_Work instruction_: Copy every entry below verbatim, except for images.

== Available data ==

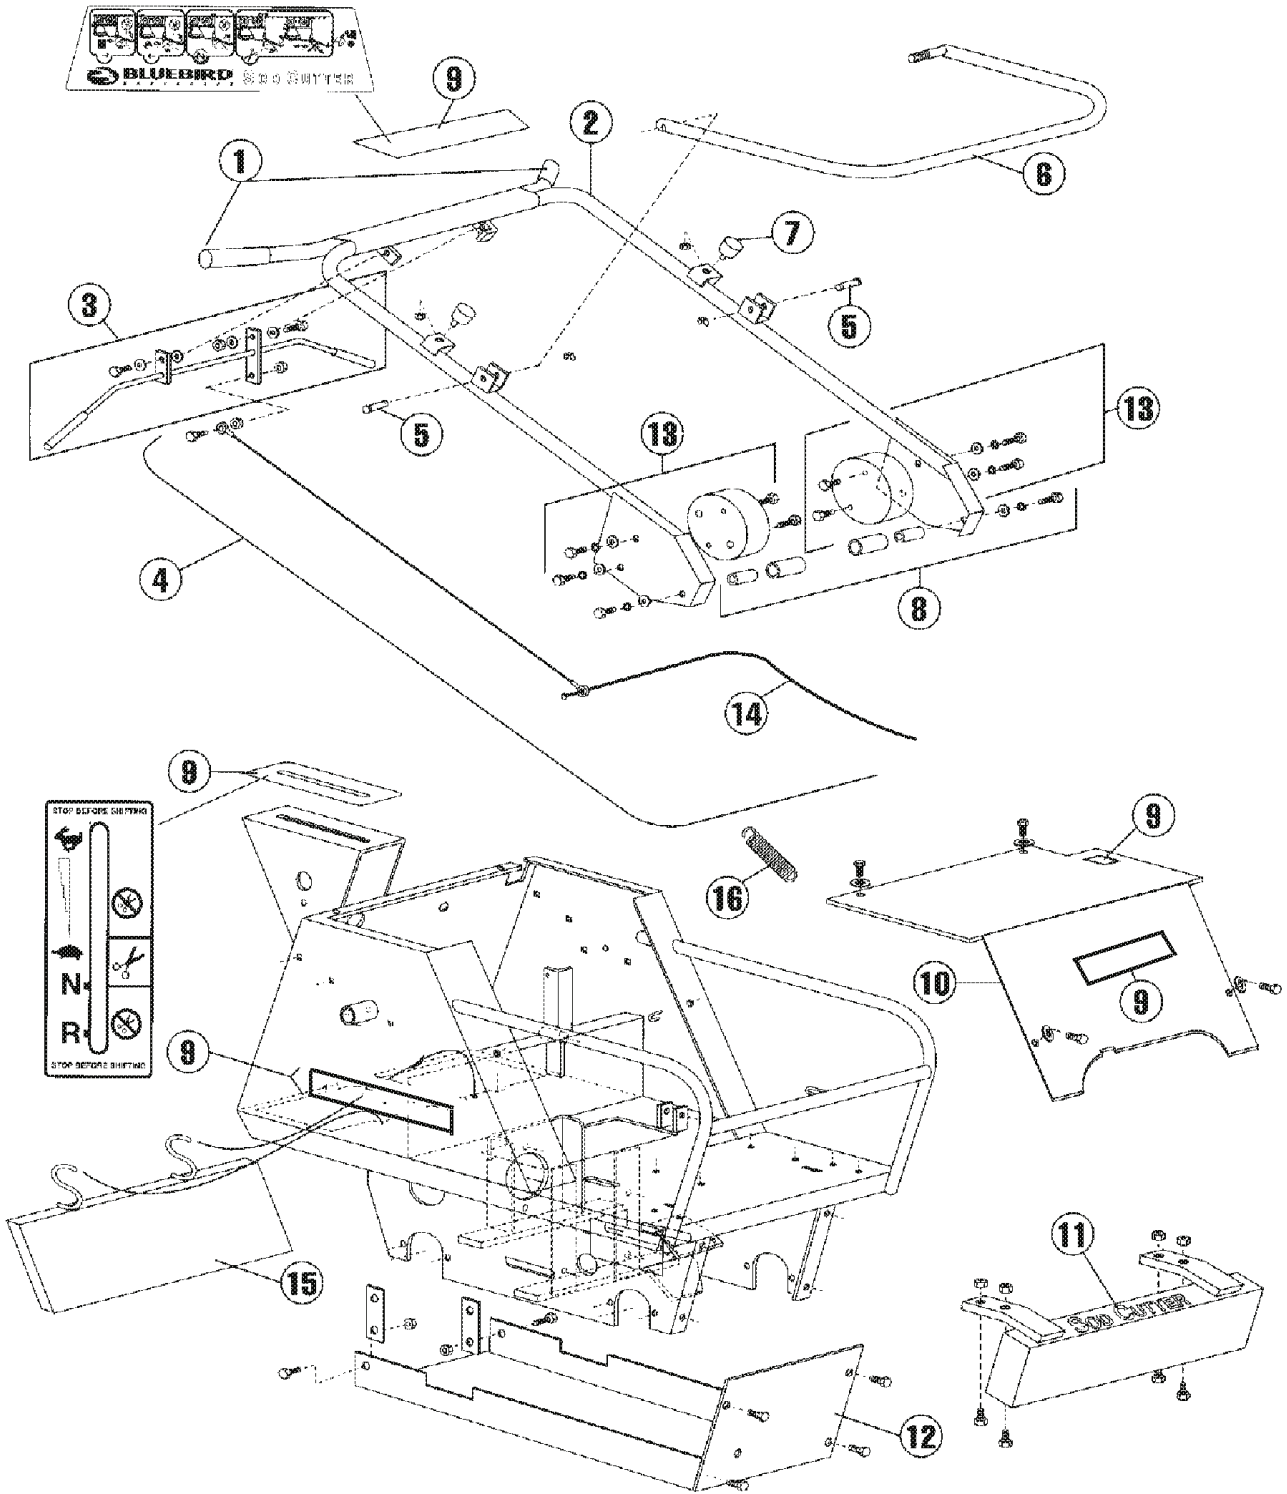

SC18, 968999352, 2005-12

SPARE PARTS LIST

MAIN FRAME ASSEMBLY

REF.	PART NO.	DESCRIPTION	REMARK	QTY.	KIT
1	540007191	HANDLE		1	
2	540003142	HANDLE		1	
3	540007149	HANDLE		1	
4	540003139	THROTTLE WIRE		1	
5	540003140	PIN RETAINING SCREW		1	
6	540003141	HANDLE		1	
7	540003143	BUMPER		1	
8	540003172	DECAL		1	
9	540003145	COVER		1	
10	540003155	COVER		1	
11	540003154	WEIGHT		1	
12	540003159	PLATE		1	
13	540003144	BRACKET		1	
14	540003161	THROTTLE WIRE		1	
15	540003162	DEFLECTOR		1	
16	540003173	SPRING		1	
540000732	540000732	BÄTTRINGSFÄRG		1	
540000729	540000729	BÄTTRINGSFÄRG		1	
539111049	539111049	DECAL		1	
539111047	539111047	DECAL		1	
539111044	539111044	DECAL		1	
539105071	539105071	DECAL		1	
539111114	539111114	DECAL		1	

POWER TRAIN ASSEMBLY

REF.	PART NO.	DESCRIPTION	REMARK	QTY.	KIT
1	540003107	CHAIN		1	
2	540003108	PULLEY		1	
3	540003109	RIM SPROCKET		1	
4	540003148	RIM SPROCKET		1	
5	540003149	RIM SPROCKET		1	
6	540003150	TRANSMISSION		1	
7	540003171	LEVER		1	
8	540007195	SPRING		1	
9	540003127	RIM SPROCKET		1	
10	540003146	LEVER		1	
11	540003147	LINK		1	
12	540003135	LEVER		1	
13	540003136	BELL CRANK		1	
14	540003137	ROD		1	
15	540003133	CHAIN TENSIONER		1	
16	540003134	RIM SPROCKET		1	
17	540003123	WHEEL		1	
18	540000317	BEARING		1	
19	540005786	SEALING		1	
20	540003153	SHAFT		1	
21	540003151	CHAIN		1	
22	540000303	RIM SPROCKET		1	
23	540003170	SPACER		1	
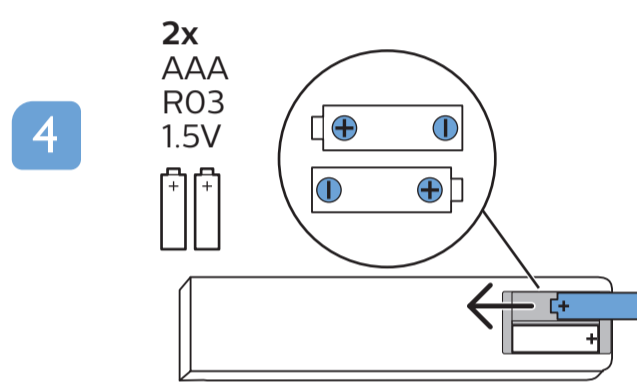

VESA (x, y)

43" 100x200mm M6 (L: 10mm~12mm) 108 cm
50" 100x200mm M6 (L: 10mm~20mm) 126 cm
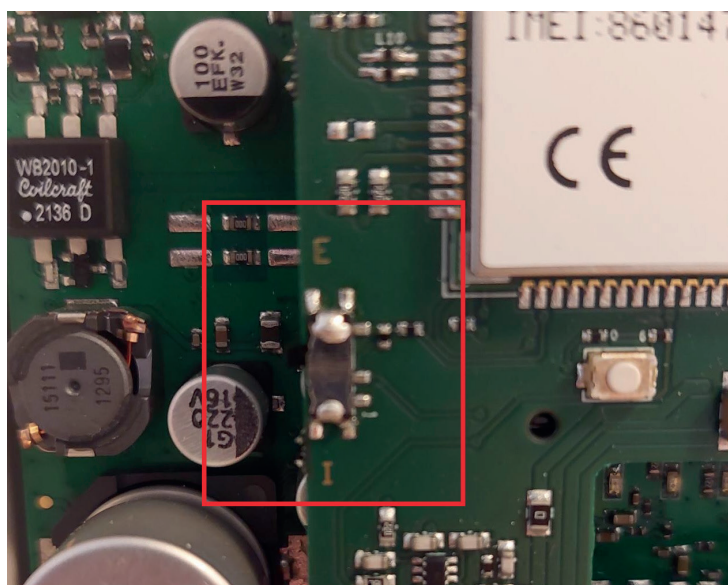

CONSEIL D'INSTALLATION

L'antenne doit être installée dans une zone de bonne réception du signal 3G/4G (et de réception stable).
Il est demandé de l'installer dans la partie la plus haute de l'immeuble, en extérieur si possible.
Si l'antenne capte un réseau trop faible, le fonctionnement de l'interphonie ne sera pas assuré.
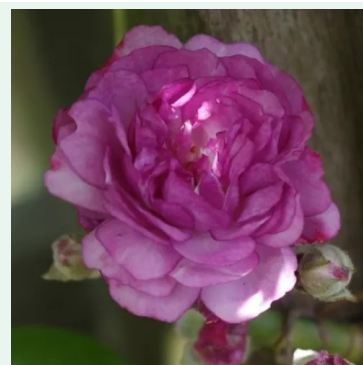

Rosa Rose-Marie Viaud

rose - rambler, rosier liane
350-450 cm
rose au parfum discret - arôme fruité
M. Igout

===

_Response to the exercise_:
SC18, 968999352, 2005-12

SPARE PARTS LIST

MAIN FRAME ASSEMBLY

REF.	PART NO.	DESCRIPTION	REMARK	QTY.	KIT
1	540007191	HANDLE		1	
2	540003142	HANDLE		1	
3	540007149	HANDLE		1	
4	540003139	THROTTLE WIRE		1	
5	540003140	PIN RETAINING SCREW		1	
6	540003141	HANDLE		1	
7	540003143	BUMPER		1	
8	540003172	DECAL		1	
9	540003145	COVER		1	
10	540003155	COVER		1	
11	540003154	WEIGHT		1	
12	540003159	PLATE		1	
13	540003144	BRACKET		1	
14	540003161	THROTTLE WIRE		1	
15	540003162	DEFLECTOR		1	
16	540003173	SPRING		1	
540000732	540000732	BÄTTRINGSFÄRG		1	
540000729	540000729	BÄTTRINGSFÄRG		1	
539111049	539111049	DECAL		1	
539111047	539111047	DECAL		1	
539111044	539111044	DECAL		1	
539105071	539105071	DECAL		1	
539111114	539111114	DECAL		1	

POWER TRAIN ASSEMBLY

REF.	PART NO.	DESCRIPTION	REMARK	QTY.	KIT
1	540003107	CHAIN		1	
2	540003108	PULLEY		1	
3	540003109	RIM SPROCKET		1	
4	540003148	RIM SPROCKET		1	
5	540003149	RIM SPROCKET		1	
6	540003150	TRANSMISSION		1	
7	540003171	LEVER		1	
8	540007195	SPRING		1	
9	540003127	RIM SPROCKET		1	
10	540003146	LEVER		1	
11	540003147	LINK		1	
12	540003135	LEVER		1	
13	540003136	BELL CRANK		1	
14	540003137	ROD		1	
15	540003133	CHAIN TENSIONER		1	
16	540003134	RIM SPROCKET		1	
17	540003123	WHEEL		1	
18	540000317	BEARING		1	
19	540005786	SEALING		1	
20	540003153	SHAFT		1	
21	540003151	CHAIN		1	
22	540000303	RIM SPROCKET		1	
23	540003170	SPACER		1	

VESA (x, y)

43" 100x200mm M6 (L: 10mm~12mm) 108 cm
50" 100x200mm M6 (L: 10mm~20mm) 126 cm

CONSEIL D'INSTALLATION

L'antenne doit être installée dans une zone de bonne réception du signal 3G/4G (et de réception stable).
Il est demandé de l'installer dans la partie la plus haute de l'immeuble, en extérieur si possible.
Si l'antenne capte un réseau trop faible, le fonctionnement de l'interphonie ne sera pas assuré.

Rosa Rose-Marie Viaud

rose - rambler, rosier liane
350-450 cm
rose au parfum discret - arôme fruité
M. Igout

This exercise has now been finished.